### YOUR TASK
Taking the lines below one at a time, count those with the string "pflegeleicht" and give the result alone.

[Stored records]
◆ ◆ ◆ ◆
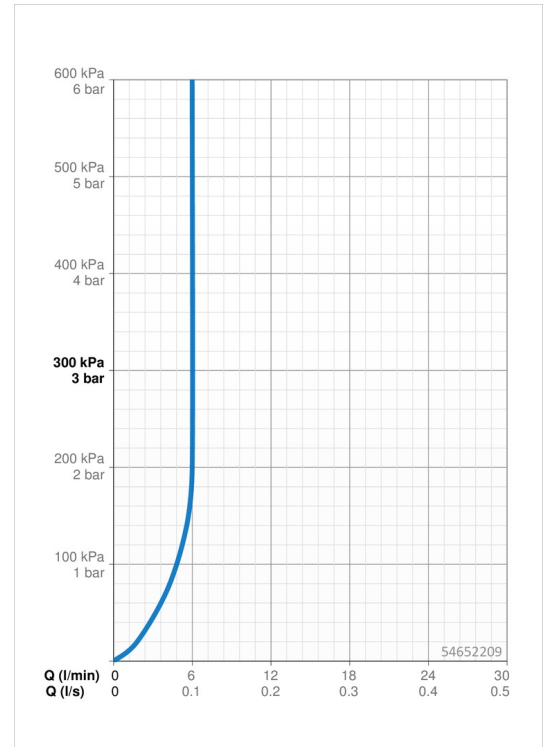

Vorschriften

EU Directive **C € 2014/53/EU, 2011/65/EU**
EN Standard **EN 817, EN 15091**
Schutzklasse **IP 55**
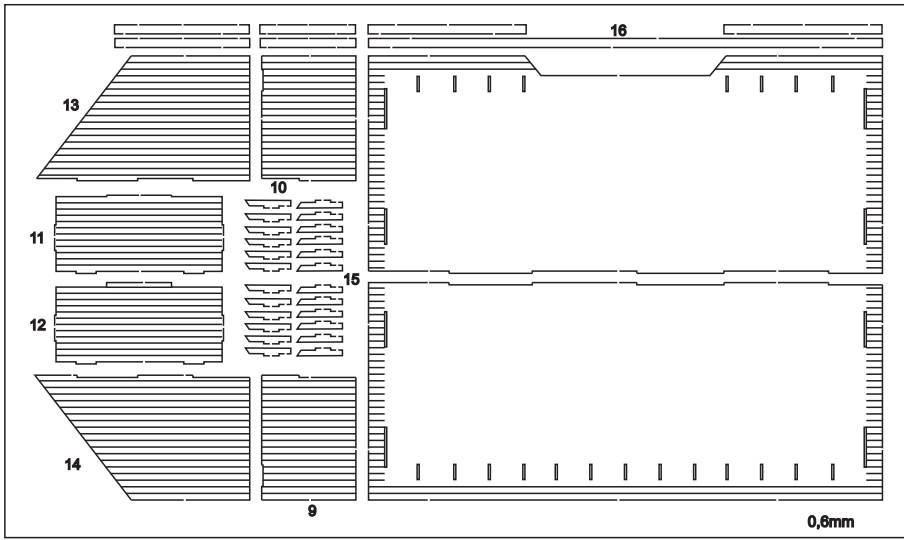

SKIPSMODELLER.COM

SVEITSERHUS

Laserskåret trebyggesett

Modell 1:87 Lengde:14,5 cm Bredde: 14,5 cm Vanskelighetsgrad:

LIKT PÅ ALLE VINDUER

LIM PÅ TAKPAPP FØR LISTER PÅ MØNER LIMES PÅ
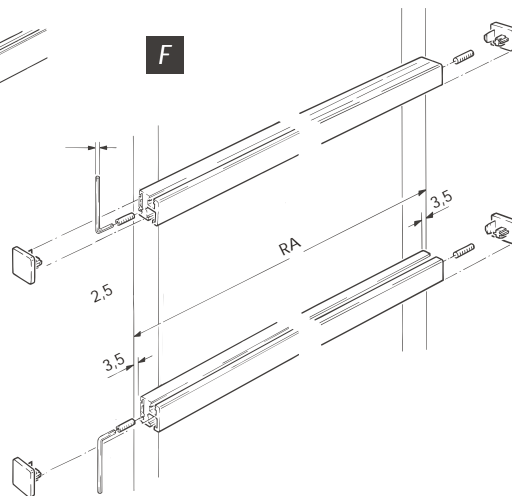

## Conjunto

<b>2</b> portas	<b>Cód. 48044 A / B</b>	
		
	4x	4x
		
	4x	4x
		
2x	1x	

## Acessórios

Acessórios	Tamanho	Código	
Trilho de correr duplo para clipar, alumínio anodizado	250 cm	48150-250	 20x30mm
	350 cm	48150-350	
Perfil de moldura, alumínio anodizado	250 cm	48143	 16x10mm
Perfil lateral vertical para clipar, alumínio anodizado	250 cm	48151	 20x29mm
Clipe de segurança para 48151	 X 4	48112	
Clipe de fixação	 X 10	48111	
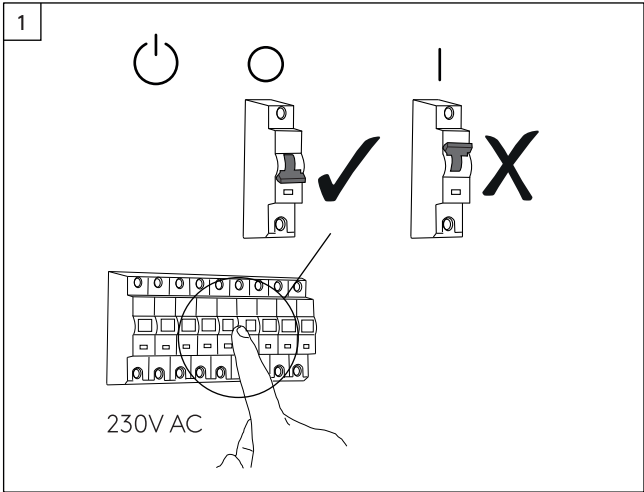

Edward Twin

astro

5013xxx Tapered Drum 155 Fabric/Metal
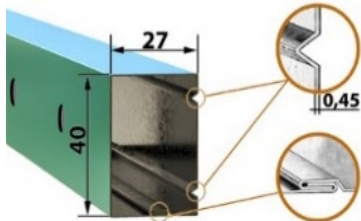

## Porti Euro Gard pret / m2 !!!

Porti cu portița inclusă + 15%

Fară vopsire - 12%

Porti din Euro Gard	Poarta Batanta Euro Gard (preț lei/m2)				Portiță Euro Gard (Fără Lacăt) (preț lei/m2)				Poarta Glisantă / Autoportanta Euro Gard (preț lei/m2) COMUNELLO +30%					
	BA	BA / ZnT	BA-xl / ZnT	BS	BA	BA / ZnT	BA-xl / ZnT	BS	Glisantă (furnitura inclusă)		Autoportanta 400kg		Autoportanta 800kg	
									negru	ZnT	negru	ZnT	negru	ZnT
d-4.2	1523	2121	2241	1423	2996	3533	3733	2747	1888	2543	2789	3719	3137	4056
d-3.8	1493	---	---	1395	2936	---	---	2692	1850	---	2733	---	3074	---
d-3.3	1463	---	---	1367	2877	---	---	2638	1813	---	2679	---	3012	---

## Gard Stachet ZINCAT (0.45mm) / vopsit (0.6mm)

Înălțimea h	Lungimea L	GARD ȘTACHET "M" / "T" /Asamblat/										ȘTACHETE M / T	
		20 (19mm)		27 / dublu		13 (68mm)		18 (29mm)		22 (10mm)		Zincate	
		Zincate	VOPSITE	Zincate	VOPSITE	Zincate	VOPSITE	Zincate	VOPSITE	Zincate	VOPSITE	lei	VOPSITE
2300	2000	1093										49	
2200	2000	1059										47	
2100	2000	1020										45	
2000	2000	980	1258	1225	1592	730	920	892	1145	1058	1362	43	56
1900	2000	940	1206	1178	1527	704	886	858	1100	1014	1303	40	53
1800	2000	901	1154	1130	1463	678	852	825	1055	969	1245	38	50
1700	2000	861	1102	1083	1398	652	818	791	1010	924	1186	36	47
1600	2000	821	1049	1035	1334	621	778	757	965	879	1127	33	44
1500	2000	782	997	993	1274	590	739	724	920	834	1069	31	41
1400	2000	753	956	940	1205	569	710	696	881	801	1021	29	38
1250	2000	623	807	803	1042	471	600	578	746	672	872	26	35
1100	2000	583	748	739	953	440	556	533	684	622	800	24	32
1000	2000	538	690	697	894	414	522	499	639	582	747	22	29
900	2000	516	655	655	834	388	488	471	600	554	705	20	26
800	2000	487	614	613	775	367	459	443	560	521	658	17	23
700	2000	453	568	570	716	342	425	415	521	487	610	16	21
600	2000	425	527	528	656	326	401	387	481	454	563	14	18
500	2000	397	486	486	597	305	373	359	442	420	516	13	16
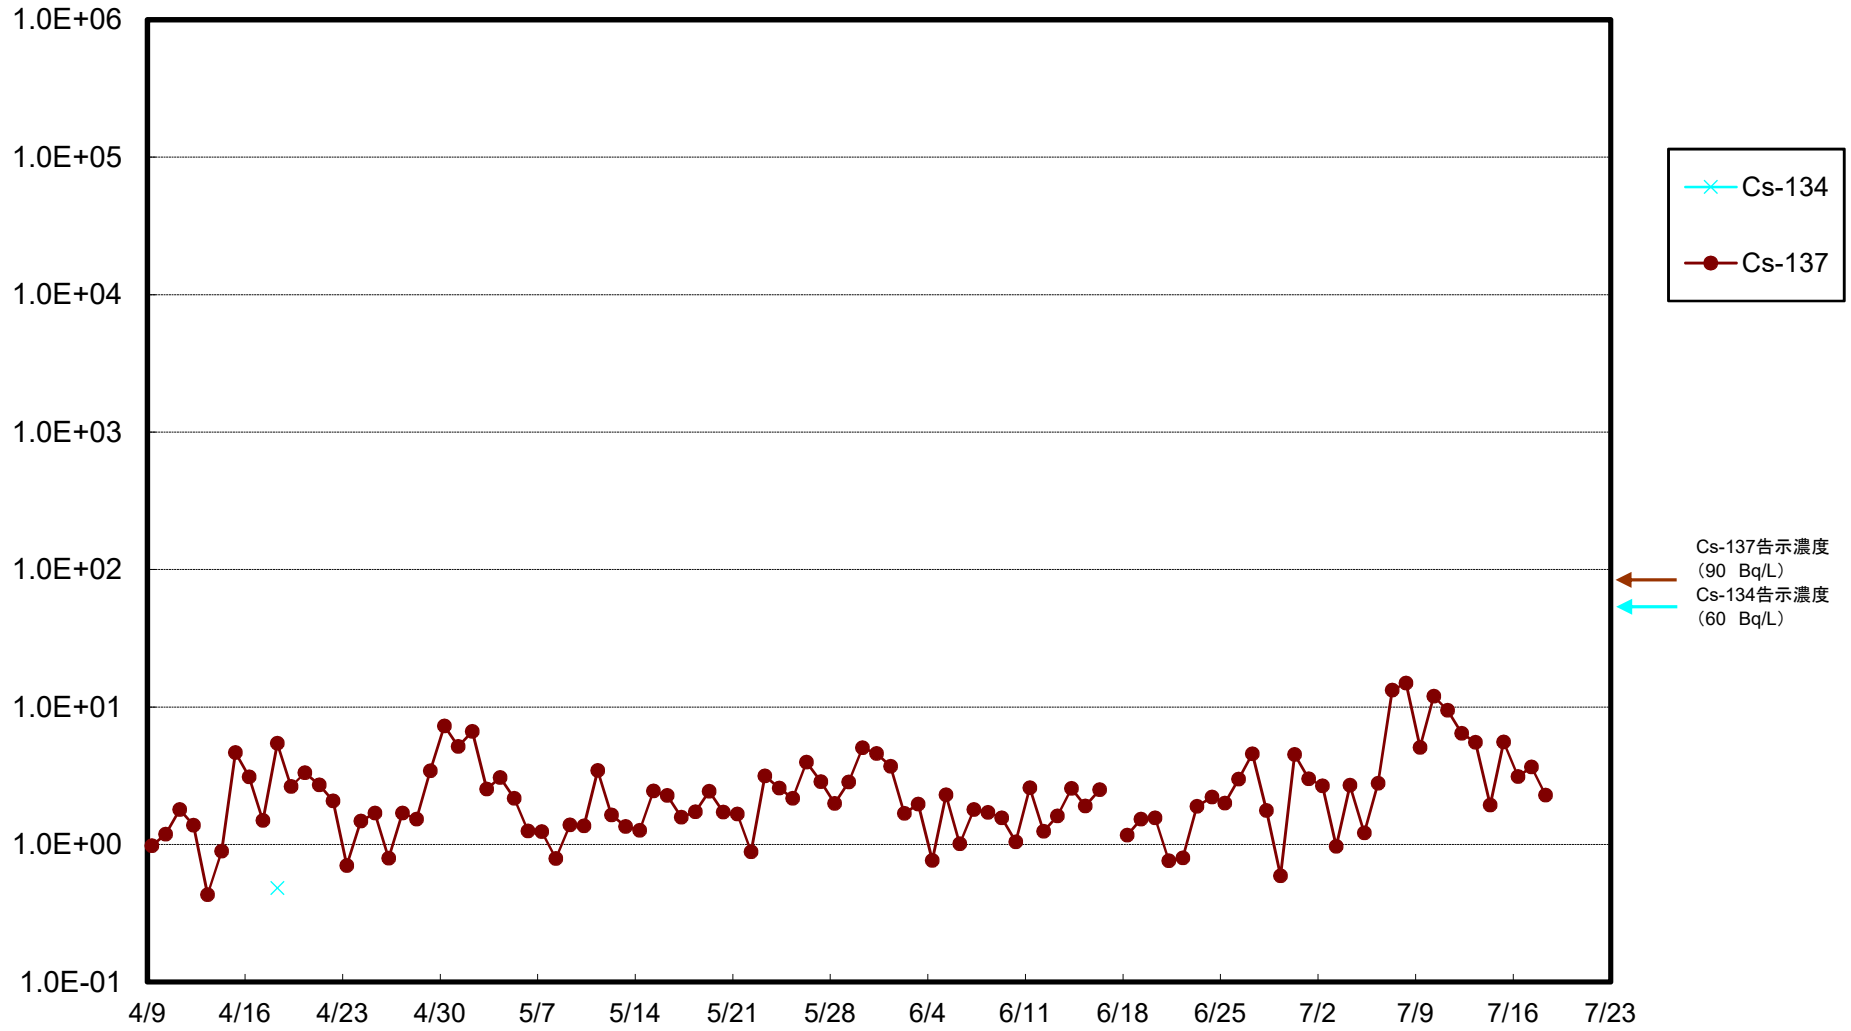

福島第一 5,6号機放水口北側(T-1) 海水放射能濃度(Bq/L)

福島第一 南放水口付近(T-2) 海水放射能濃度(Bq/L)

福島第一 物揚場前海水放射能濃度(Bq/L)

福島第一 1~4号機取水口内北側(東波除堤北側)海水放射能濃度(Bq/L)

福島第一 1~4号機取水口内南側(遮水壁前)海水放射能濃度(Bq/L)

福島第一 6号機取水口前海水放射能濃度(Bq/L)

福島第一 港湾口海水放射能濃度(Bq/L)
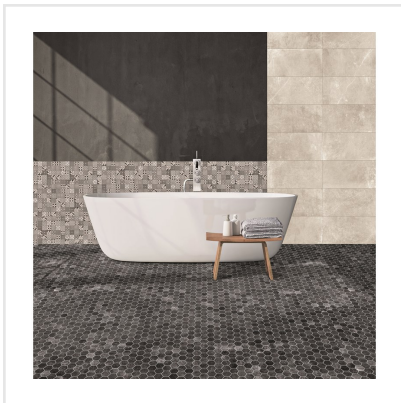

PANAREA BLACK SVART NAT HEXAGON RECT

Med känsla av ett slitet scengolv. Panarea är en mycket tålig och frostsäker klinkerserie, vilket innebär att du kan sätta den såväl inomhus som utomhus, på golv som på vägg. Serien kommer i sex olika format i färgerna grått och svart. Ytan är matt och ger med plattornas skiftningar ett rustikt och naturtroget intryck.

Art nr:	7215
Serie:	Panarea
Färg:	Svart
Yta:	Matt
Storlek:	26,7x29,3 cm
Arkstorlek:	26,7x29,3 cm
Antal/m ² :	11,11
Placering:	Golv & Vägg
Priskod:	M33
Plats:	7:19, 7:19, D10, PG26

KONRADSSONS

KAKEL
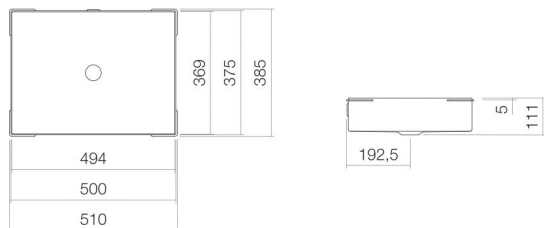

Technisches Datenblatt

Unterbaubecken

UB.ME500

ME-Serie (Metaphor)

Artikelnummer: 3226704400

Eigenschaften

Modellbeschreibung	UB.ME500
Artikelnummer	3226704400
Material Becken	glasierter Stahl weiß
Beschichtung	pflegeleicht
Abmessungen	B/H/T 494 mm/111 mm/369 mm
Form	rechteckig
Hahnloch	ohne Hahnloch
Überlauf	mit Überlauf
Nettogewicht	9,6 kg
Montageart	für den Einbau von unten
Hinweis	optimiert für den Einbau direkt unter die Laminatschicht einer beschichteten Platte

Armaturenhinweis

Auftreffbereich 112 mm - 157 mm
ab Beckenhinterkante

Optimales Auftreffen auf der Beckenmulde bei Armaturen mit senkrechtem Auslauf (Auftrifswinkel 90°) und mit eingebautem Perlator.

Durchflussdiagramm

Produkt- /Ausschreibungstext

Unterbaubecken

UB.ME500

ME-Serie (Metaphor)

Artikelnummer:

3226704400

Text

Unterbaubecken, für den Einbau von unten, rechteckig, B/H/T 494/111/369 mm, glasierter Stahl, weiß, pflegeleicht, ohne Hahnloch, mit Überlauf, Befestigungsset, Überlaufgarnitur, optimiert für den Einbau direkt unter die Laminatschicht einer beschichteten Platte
◆ ◆ ◆ ◆
### COMPLETED TASK
2